Ashes (Fire Within Series Book 3)
Page 16
Carefully, I removed my hands from my own shield. It would hold by itself as long as nothing attacked it. I pressed my palms to the floor.
Water. I could feel water, very faintly. Nicolas likely couldn’t pick up on it because his own use of magic was drowning it out.
The concrete under us was somewhat fresh. This building was a recent construction—Nicolas had said that to me the day before.
Nicolas, I thought, can you take three steps back when I tell you to? Press your hands together if yes.
He froze, placing his palms together in front of himself as though about to pray. The lion watched him, confused, trying to figure out what he would do next.
New concrete still has lots of water in it, I thought carefully.
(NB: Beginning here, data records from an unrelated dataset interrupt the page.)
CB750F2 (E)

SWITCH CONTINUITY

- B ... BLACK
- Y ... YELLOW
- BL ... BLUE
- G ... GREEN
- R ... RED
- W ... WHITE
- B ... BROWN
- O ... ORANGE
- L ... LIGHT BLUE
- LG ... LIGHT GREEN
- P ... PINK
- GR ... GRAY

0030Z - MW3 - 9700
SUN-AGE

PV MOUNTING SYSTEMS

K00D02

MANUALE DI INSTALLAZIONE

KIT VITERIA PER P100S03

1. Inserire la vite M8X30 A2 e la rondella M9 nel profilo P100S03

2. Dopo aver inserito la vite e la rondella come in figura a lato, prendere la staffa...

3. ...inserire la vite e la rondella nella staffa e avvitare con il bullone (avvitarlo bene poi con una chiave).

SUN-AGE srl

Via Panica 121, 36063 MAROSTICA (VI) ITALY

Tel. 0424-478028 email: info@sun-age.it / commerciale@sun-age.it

I’m going to heat the concrete to destroy it, and you’re going to use the water.
I pressed my hands more firmly into the floor, focusing myself and calling up my magic.
Now! I thought.
With a sharp exhalation, I rolled my magic out toward the lion. Nicolas danced backward as the concrete around him shattered into dust with cracks that sounded like gunshots. For just a moment, steam hung in the air—the water that had been trapped in the concrete, now superheated by my power.
Nicolas clapped his hands together. The steam dropped to the ground, liquid for only a single moment before it froze into ice underneath the lion, trapping its paws.
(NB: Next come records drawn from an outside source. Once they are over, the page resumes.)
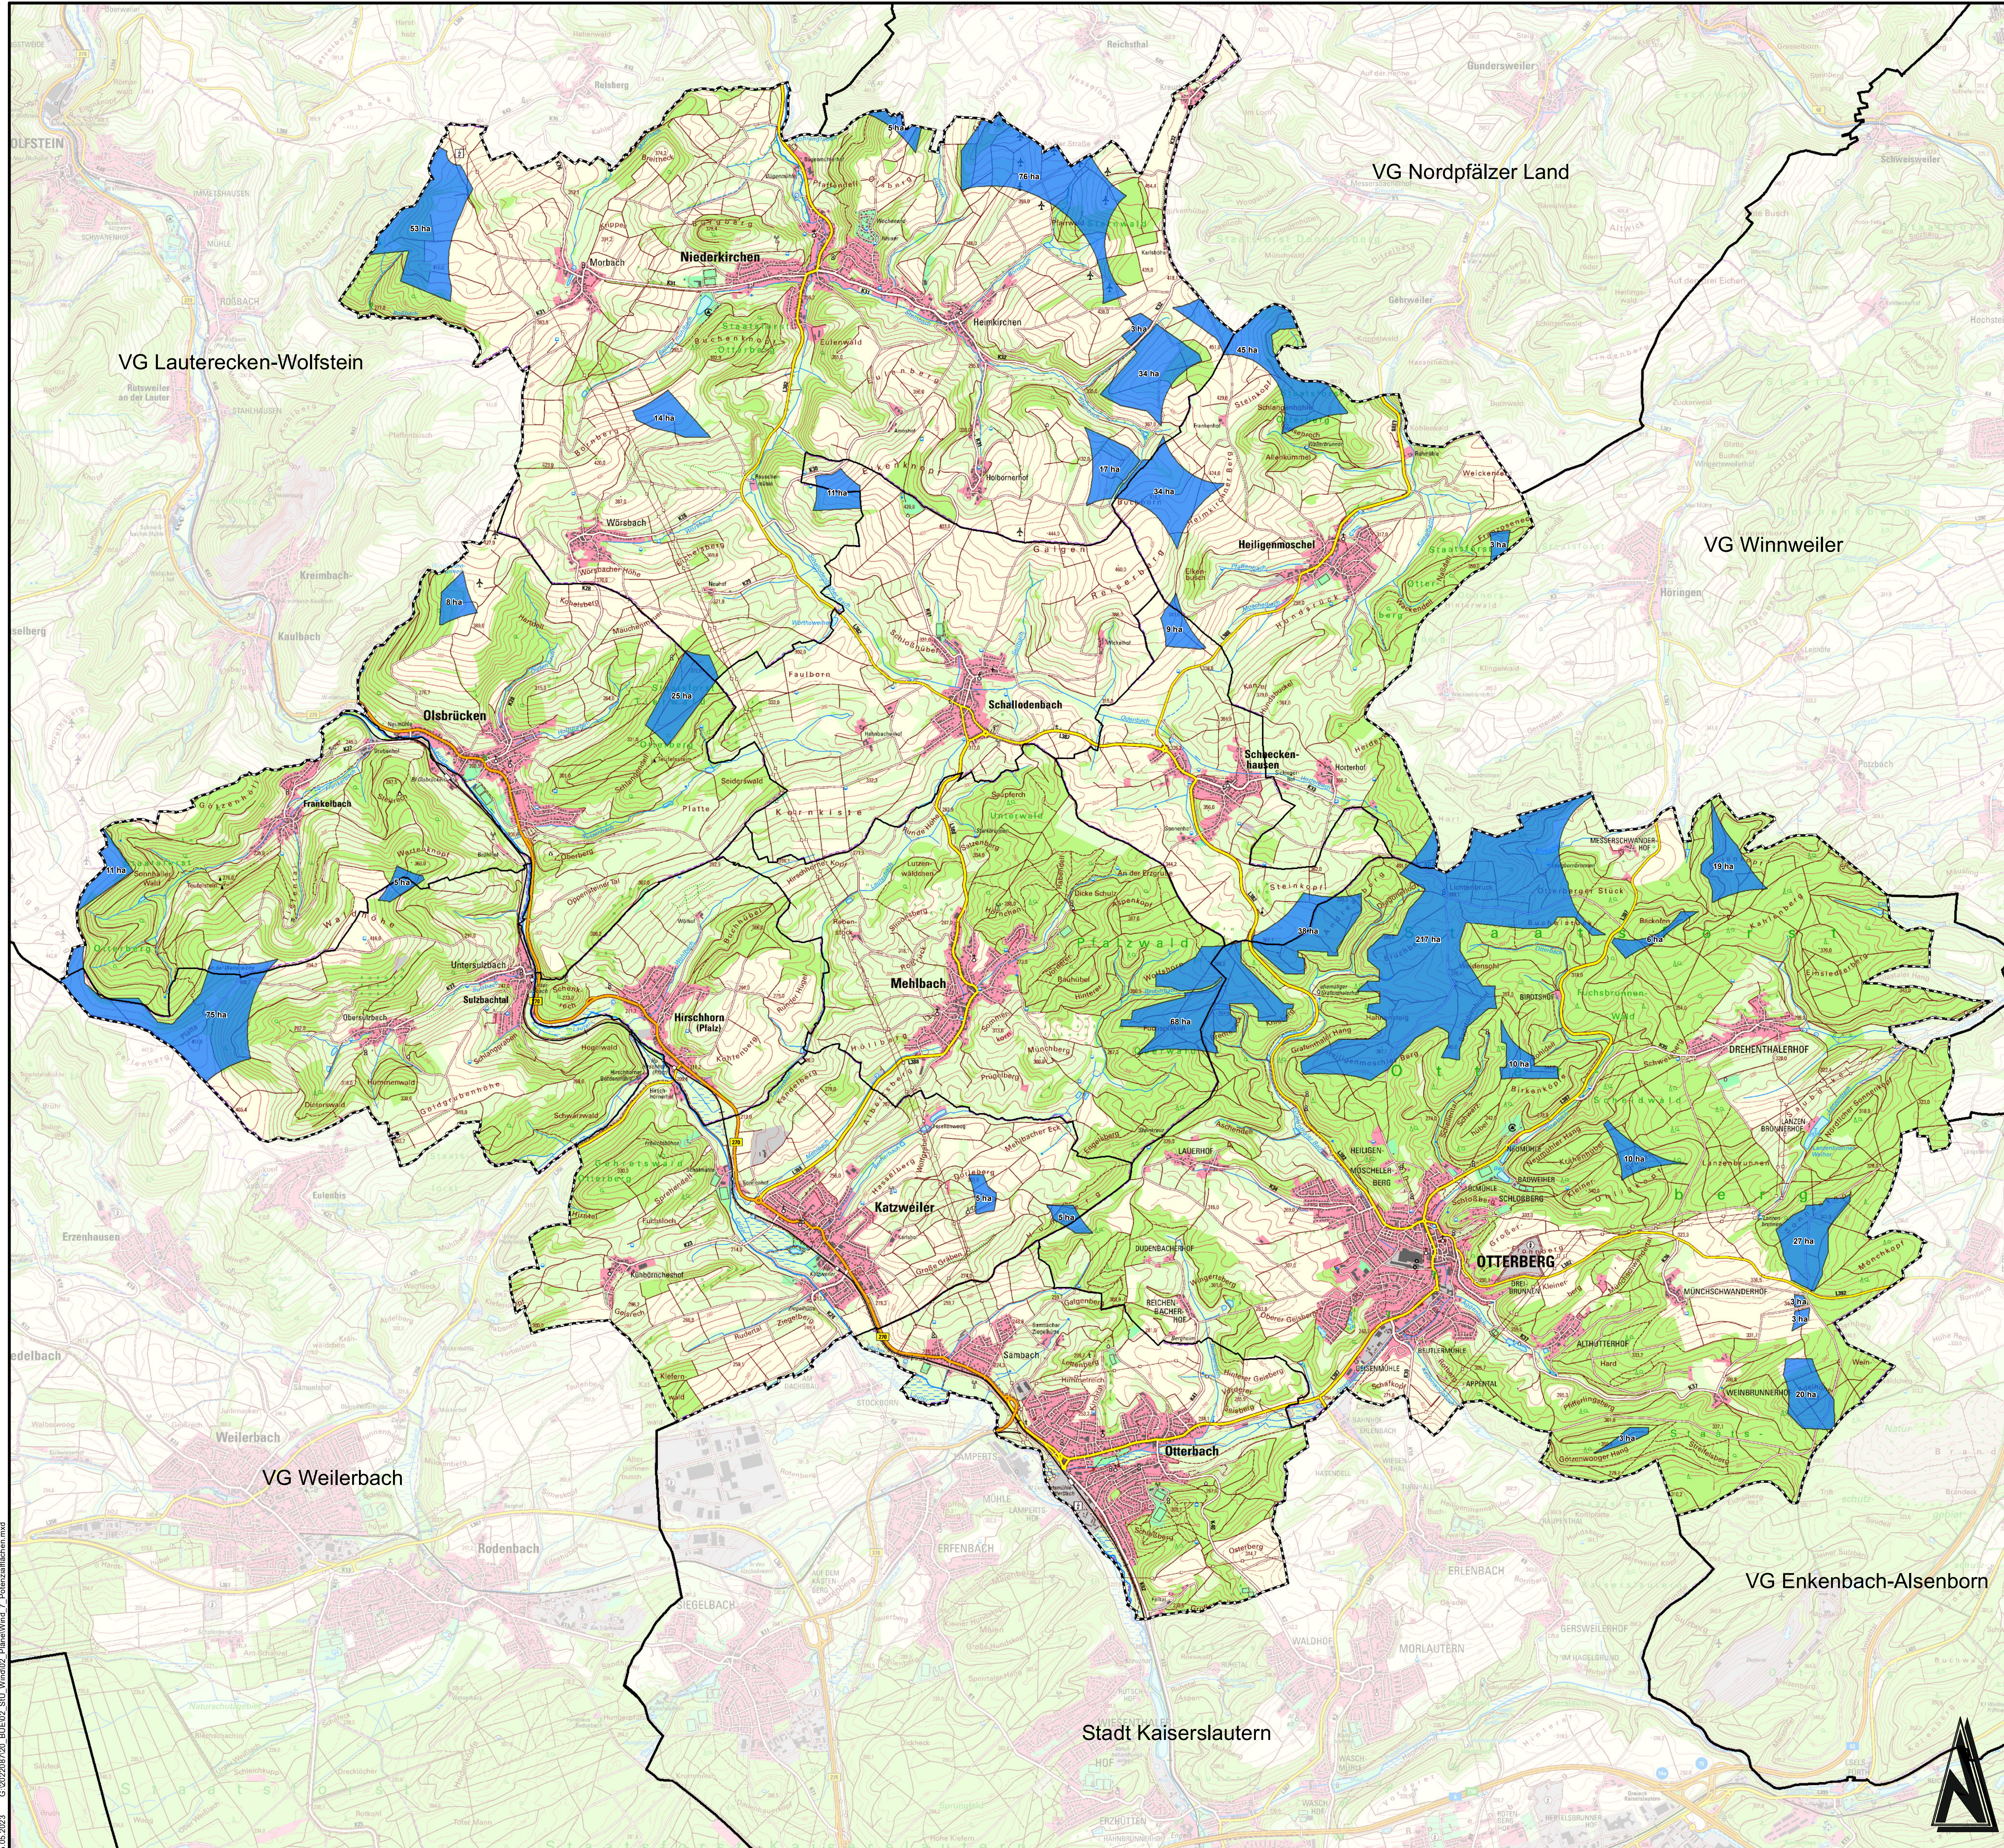

STANDORTUNTERSUCHUNG WINDENERGIE IN DER VERBANDSGEMEINDE OTTERBACH-OTTERBERG

VERBANDSGEMEINDE
OTTERBACH
OTTERBERG

1. **Legende**
2. Verbandsgemeindegrenze Otterbach-Otterberg
   - Gemeindegrenzen
   - angrenzende Verbandsgemeinden
   - Potenzialgebiete Wind

Änderung		Bearbeitung		Prüfung		Datum	
Baucher / AG		Verbandsgemeinde Otterbach-Otterberg		Landkreis Kaiserslautern		Baucher / AG	
Projekt Bez.		Standortuntersuchung		Windenergie			
Zeichnung		Potenzialgebiete		Maßstab		Blatt Nr.	
				1:20.000		7	
Zeichnen		Vermessung		Bearbeitung		CAD/GeGIS	
Datum		Apr 2023		Apr 2023		Apr 2023	
Projekt Nr.		2022087		Entwurfsverfasser		Blatt Nr.	
						1	
		Luitpoldstraße 60a		67806 Rockenhausen		Datum	
		Telefon: +49 6361 919-0		Telefax: +49 6361 919-100		April 2023	
		E-Mail: info@igr.de

The ice wouldn’t hold the lion for long, but all Nicolas needed was a second or two. The lion freed one paw with a metallic groan but stumbled onto its side, unbalanced.
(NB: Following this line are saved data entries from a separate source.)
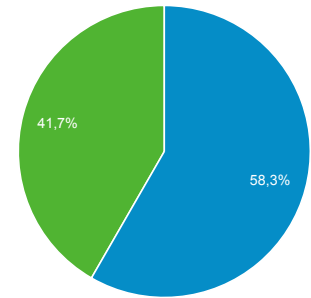

27 567

Sesje

139 222

Sesje na użytkownika

3,39

Odśłony

370 472

Strony / sesja

2,66

Śr. czas trwania sesji

00:03:14

Współczynnik odrzuceń

48,45%

■ New Visitor ■ Returning Visitor

Język

Język	Użytkownicy	% Użytkownicy
1. pl-pl	27 228	65,79%
2. pl	12 270	29,65%
3. en-us	1 175	2,84%
4. en-gb	257	0,62%
5. c	100	0,24%
6. it-it	43	0,10%
7. es-es	34	0,08%
8. de-de	31	0,07%
9. en	31	0,07%
10. ru-ru	26	0,06%
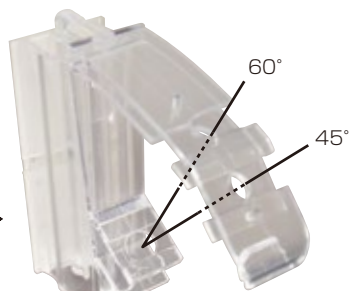

## 革変キャッチ・1号 KAKUHEN CATCH - No.1

プレートキャッチの機能と、垂直にのぼりを立てる2つの機能を持ち合わせたキャッチ。  
革変キャッチ2号を加えれば、より多くの装飾パターンが可能になります！

のぼりのポールが差し込めます

サイズ

W27mm×H75×D25mm

装飾イメージ

## 革変キャッチ・2号 KAKUHEN CATCH - No.2

革変キャッチ1号に取り付けば、三角フラッグやのぼり受けに早変わり。  
二つの角度(45°・60°)をホールの使用状況に合わせて使い分け！

サイズ

W20mm×H80×D87mm

注意：革変キャッチ2号単体での使用はできません。  
必ず革変キャッチ1号と組み合わせてご使用下さい。

のりあと気にせず  
簡単衣替え！

革変キャッチ1号のポールを挿す穴に差し込むだけ

45°と60°の二つの  
角度で使用できます。

装飾イメージ
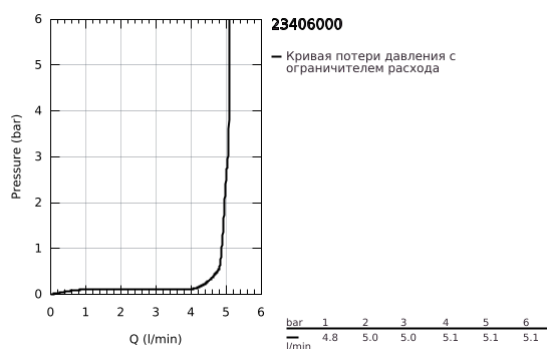

23 406 000 EUROCUBE СМЕСИТЕЛЬ ОДНОРЫЧАЖНЫЙ ДЛЯ РАКОВИНЫ, DN 15 РАЗМЕР XL

ОПИСАНИЕ ПРОДУКТА

- Colour: хром
- монтаж на одно отверстие
- металлический рычаг
- для отдельностоящих раковин
- GROHE SilkMove Плавность и точность управления - керамический картридж 28 мм
- ограничитель температуры
- GROHE LongLife Finish - стойкое долговечное покрытие
- GROHE EcoJoy Технология совершенного потока при уменьшенном расходе воды
- максимальный расход воды (при 3 бара): 5 л/мин
- GROHE FastFixation Plus Система ускорения и оптимизации монтажа
- гладкий корпус
- гибкая подводка
- минимальное давление 1,0 бар

23 406 000 EUROCUBE СМЕСИТЕЛЬ ОДНОРЫЧАЖНЫЙ ДЛЯ РАКОВИНЫ, DN 15
РАЗМЕР XL

ЗАПАСНЫЕ ЧАСТИ

- 1: Рычаг (Spare part-nr. 46786000)
 - 2: Крепежное кольцо (Spare part-nr. 46715000)
 - 3: Картридж (Spare part-nr. 46580000)
 - 4: Аэратор (Spare part-nr. 48159000)
 - 5: Обратное резьбовое соединение (Spare part-nr. 46645000)
 - 6: Монтажный ключ (Spare part-nr. 19017000)*
- * Optional accessories
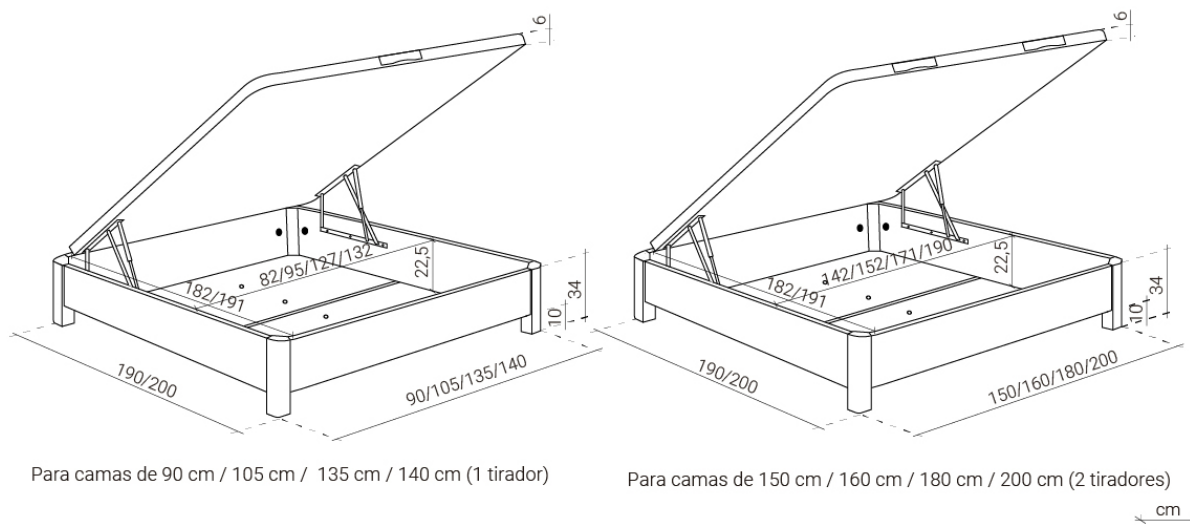

KENAY

AIR CANAPÉ /
AIR CANAPÉ /
AIR CANAPÉ /
AIR CANAPÉ /
AIR STORAGE BED /
AIR KANAPEE

MEDIDAS GENERALES

* Cotas en cm

Para camas de 90 cm / 105 cm / 135 cm / 140 cm (1 tirador)

Para camas de 150 cm / 160 cm / 180 cm / 200 cm (2 tiradores)

cm

CARACTERÍSTICAS TÉCNICAS

Ancho cama 90 - 105 - 135 - 140 - 150 - 160 - 180 - 200	90 - 105 - 135 - 140 - 150 - 160 - 180 - 200 cm			
Fondo	190 - 200 cm			
Alto	40 cm			
Medida hueco almacenaje	Cama de 90 x 190	82 x 182 x 22,5 cm	Cama de 90 x 200	82 x 191 x 22,5 cm
	Cama de 105 x 190	97 x 182 x 22,5 cm	Cama de 105 x 200	97 x 191 x 22,5 cm
	Cama de 135 x 190	127 x 182 x 22,5 cm	Cama de 135 x 200	127 x 191 x 22,5 cm
	Cama de 140 x 190	132 x 182 x 22,5 cm	Cama de 140 x 200	132 x 191 x 22,5 cm
	Cama de 150 x 190	142 x 182 x 22,5 cm	Cama de 150 x 200	142 x 191 x 22,5 cm
	Cama de 160 x 190	152 x 182 x 22,5 cm	Cama de 160 x 200	152 x 191 x 22,5 cm
	Cama de 180 x 190	172 x 182 x 22,5 cm	Cama de 180 x 200	172 x 191 x 22,5 cm
	Cama de 200 x 190	192 x 182 x 22,5 cm	Cama de 200 x 200	192 x 191 x 22,5 cm
Peso	Cama de 90 x 190	68,9 kg	Cama de 90 x 200	-- kg
	Cama de 105 x 190	-- kg	Cama de 105 x 200	-- kg
	Cama de 135 x 190	86,28 kg	Cama de 135 x 200	-- kg
	Cama de 140 x 190	-- kg	Cama de 140 x 200	-- kg
	Cama de 150 x 190	92,05 kg	Cama de 150 x 200	-- kg
	Cama de 160 x 190	95,94 kg	Cama de 160 x 200	-- kg
	Cama de 180 x 190	-- kg	Cama de 180 x 200	-- kg
	Cama de 200 x 190	-- kg	Cama de 200 x 200	-- kg
Carga máxima	Cama de 90 a 135	100 kg		
	Cama de 140 a 200	150 kg		
Tolerancia de medidas	± 2 cm

Nicolas vaulted over it as it tried to right itself, took a flying leap, and crashed into Derek. Derek’s shield shattered into nothing as Nicolas’s fist smashed into his face.
Nicolas drew his knife, and with the precise motions of someone who has killed a lot of people, slid the blade up under Derek’s rib cage. Derek, whose hands had closed on Nicolas, stilled, going limp instantly.
Dead.
The lion collapsed, the magic in its eyes fading.
Nicolas dropped his own shield. I could see him panting, his chest heaving. In one quick motion, he withdrew his blade, his hands covered in Derek’s blood, and dropped Derek’s body to the floor.
“Nicolas?” I whispered, letting my shield dissolve.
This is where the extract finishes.